You all know we are a pro law enforcement blog. That doesn’t mean that we won’t call out a bad cop when we see one – but it’s such a thankless job. Especially when you have complete idiots expecting the sun to shine out of your ass while you’re trying to protect and serve.
Kaila Elizabeth is just your average millennial stuck in a big mean world. It’s really hard existing and it’s everyone else’s job to make sure that her feelings aren’t fractured.
So, when Kaila broke down in her car, she was just flabbergasted that a patrol cop didn’t help her. So, instead of asking for help, she held her tongue and went to post on All Things Plymouth.
Probably not the best idea.
Now, I’ve never had any issues with cell service in this area. I worked down there for years and years. The spot she is talking about is literally a five minute walk to a shopping center. That’s a HUGE area with about 9000 stores that she could have walked in and made a call.
I can imagine Kaila, a young 23 year-old girl, just walking around in a big circle, not knowing which way was north, exasperated, dehydrated, unsure of what to do because she’s never been out of bars before! THE HORROR!
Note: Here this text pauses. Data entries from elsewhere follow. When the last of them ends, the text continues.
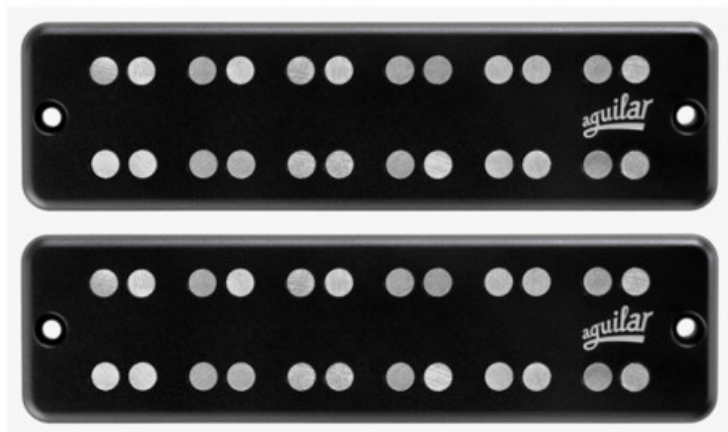

## 6SD-D4 - Super Double Soapbar 6 Corde

**443,40 € tax included**

Reference: 11800148

6SD-D4 - Super Double Soapbar 6 Corde

Il set di pickup della serie Super Double di Aguilar 6SD-D4 è formato da 2 pickup, uno al manico e uno al ponte. Presenta la forma dei classici pickup Soapbar ed è compatibile con bassi elettrici a 6 corde. L'avvolgimento è in Formvar, la dimensione del filo, avvolto su due file di magneti in Alnico V, è di 42 Gauge. Il cavo conduttore singolo è rivestito in Teflon. Nuovissimo pickup di Aguilar dal timbro spesso ed articolato, dotato di hum-canceling è il mix perfetto fra dinamica e potenza. Prova il set 6SD-D4 combinato agli OBP preamp di Aguilar!

Specifiche:

Avvolgimento: Formvar, 42 gauge

Magneti: Alnico V

Cavo: Conduttore singolo, rivestito in Teflon

Dimensioni: 32mm X 118mm

Basso Elettrico: 6 Corde

Configurazione: Soapbar
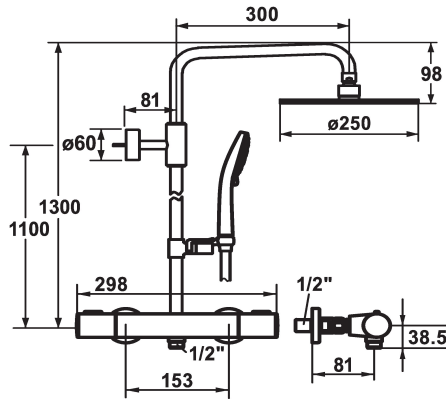

KWC SHOWERCULTURE

Mitigeur thermostatique - Système de douche

Modell-Linie: SHOWERCULTURE | 26.006.303.000

Douches | Douches

KWC-No.

124704

chromeline, AD 153, A 300, avec douchette et flexible

* Système de douche fit

* La glissière de douche conduisant l'eau se raccourcit au besoin à la longueur voulue

* Bras de douche orientable, douche de tête avec rotule

* SkinProtect - Protection contre les brûlures

* Poignée rotative pour régulation de débit et inversion

* KWC support à rotule, réglage en hauteur blocable

* Diamètre-tige 20 mm

* Anti-refoulement intégré

* À monter tout simplement sur les raccords en place

* Unité de régulation thermostatique de précision

- température d'eau constante (aussi en cas de fluctuation de

pression sur le réseau)

- haute vitesse de réaction

* Raccords avec pointeaux d'arrêt 1/2" x 1/2" L 40

* Livraison:

- Mitigeur thermostatique y compris raccord mural avec départ (en haut) pour glissière de douche conduisant l'eau

- Douche KWC FIT-E trio 26.000.132.000

- Flexible de douchette 1600 mm, en plastique 26.001.003.000

- Douche de tête KWC PIATTO -X R250 26.000.214.000

- Set glissière de douche 26.004.003.000

- Support de glissière de douche (en haut), pour relier la glissière de douche et le bras de douche

Données techniques

Débit	13 l/min (3 bar)
Sortie de douchette: Débit	13 l/min (3bar)
garniture de douche	avec douchette, flexible
Code couleur	chromeline
Type d'installation	Montage mural
Type de robinet	04
Dimension de la hauteur	1300
Groupe de bruit pour la robinetterie	yes
Sortie de douchette: Groupe de bruit pour la robinetterie	yes
Projection A	A300
Label énergétique	B
Connexion mesure	153
Matière	Laiton

Débit	13 l/min (3 bar)
Sortie de douchette: Débit	13 l/min (3bar)
garniture de douche	avec douchette, flexible
Code couleur	chromeline
Type d'installation	Montage mural
Type de robinet	04
Dimension de la hauteur	1300
Groupe de bruit pour la robinetterie	yes
Sortie de douchette: Groupe de bruit pour la robinetterie	yes
Projection A	A300
Label énergétique	B
Connexion mesure	153
Matière	Laiton

Most of us wish we would have lucked out by having a cop standing right in front of us.
“I’m sorry officer but my car just broke down. My cell phone blows. May I borrow yours to call my dad?”
“Sure,” the officer would say.
Easy as that.
Not Kaila. She never asked the cop for help. She was butthurt that he didn’t stop to fluff her wellness.
Well, it didn’t turn out to well for our little cupcake when she posted her sob story of idiocy.
Genius question Jennifer!
Wait. They can’t read minds? HAVE I BEEN LIED TO MY WHOLE LIFE?!
Your opinion makes you look like a fucktard, pal.
Shut up Lisa. We don’t do hurt feelings here.
Well, naturally, when fuckery is abound, the Turtle was summoned. Little did they know my best friend had already alerted me to the hilarity.
So let this be a lesson to all of the butthurts. The Turtle is always watching.